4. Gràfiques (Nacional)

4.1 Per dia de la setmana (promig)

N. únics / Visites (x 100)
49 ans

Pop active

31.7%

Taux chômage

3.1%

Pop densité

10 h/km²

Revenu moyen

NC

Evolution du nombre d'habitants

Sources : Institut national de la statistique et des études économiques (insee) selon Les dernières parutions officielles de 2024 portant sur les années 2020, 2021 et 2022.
==
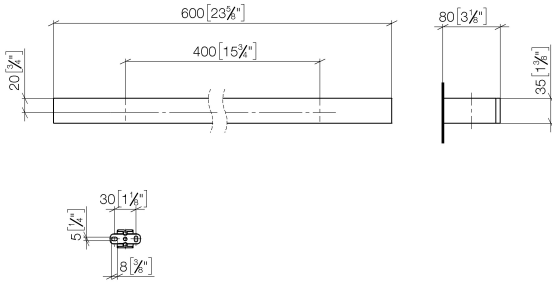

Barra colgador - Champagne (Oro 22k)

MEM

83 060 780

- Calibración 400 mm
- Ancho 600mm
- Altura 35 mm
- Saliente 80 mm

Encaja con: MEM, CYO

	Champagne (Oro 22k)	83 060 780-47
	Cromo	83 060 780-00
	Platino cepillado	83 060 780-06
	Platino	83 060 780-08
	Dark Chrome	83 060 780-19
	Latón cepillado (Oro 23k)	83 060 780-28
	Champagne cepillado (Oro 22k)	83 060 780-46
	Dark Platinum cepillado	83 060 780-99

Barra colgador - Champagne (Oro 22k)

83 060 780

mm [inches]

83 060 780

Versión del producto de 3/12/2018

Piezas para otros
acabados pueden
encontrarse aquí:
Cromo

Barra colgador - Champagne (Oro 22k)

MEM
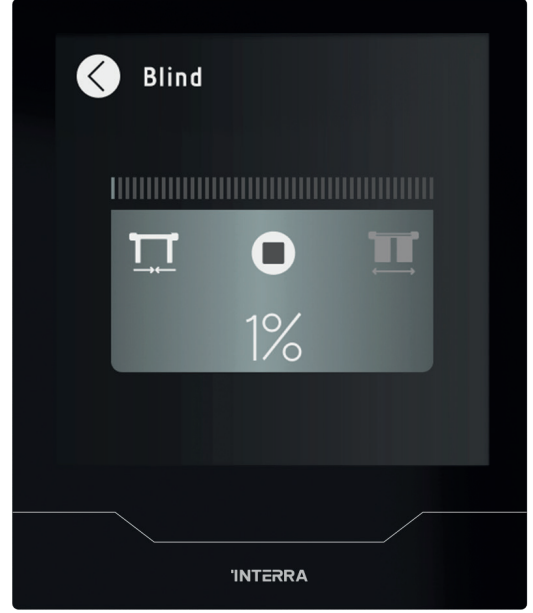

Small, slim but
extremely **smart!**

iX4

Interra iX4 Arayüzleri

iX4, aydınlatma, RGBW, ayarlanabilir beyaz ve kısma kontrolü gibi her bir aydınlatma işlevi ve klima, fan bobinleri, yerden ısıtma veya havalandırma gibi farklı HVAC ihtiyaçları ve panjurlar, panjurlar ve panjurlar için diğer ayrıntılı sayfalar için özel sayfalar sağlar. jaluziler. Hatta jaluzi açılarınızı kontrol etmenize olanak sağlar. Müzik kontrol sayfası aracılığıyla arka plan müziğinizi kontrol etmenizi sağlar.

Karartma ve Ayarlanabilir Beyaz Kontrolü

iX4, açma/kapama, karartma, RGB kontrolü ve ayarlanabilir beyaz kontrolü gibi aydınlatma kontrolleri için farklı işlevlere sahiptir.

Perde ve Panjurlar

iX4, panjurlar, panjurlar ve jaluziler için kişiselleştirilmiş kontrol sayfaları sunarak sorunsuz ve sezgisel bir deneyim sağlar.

◆ **Task instructions**: In the listing above, find the lines holding the word "cepillado" and copy them.

◆ **Problem solution**:
	Platino cepillado	83 060 780-06
	Latón cepillado (Oro 23k)	83 060 780-28
	Champagne cepillado (Oro 22k)	83 060 780-46
	Dark Platinum cepillado	83 060 780-99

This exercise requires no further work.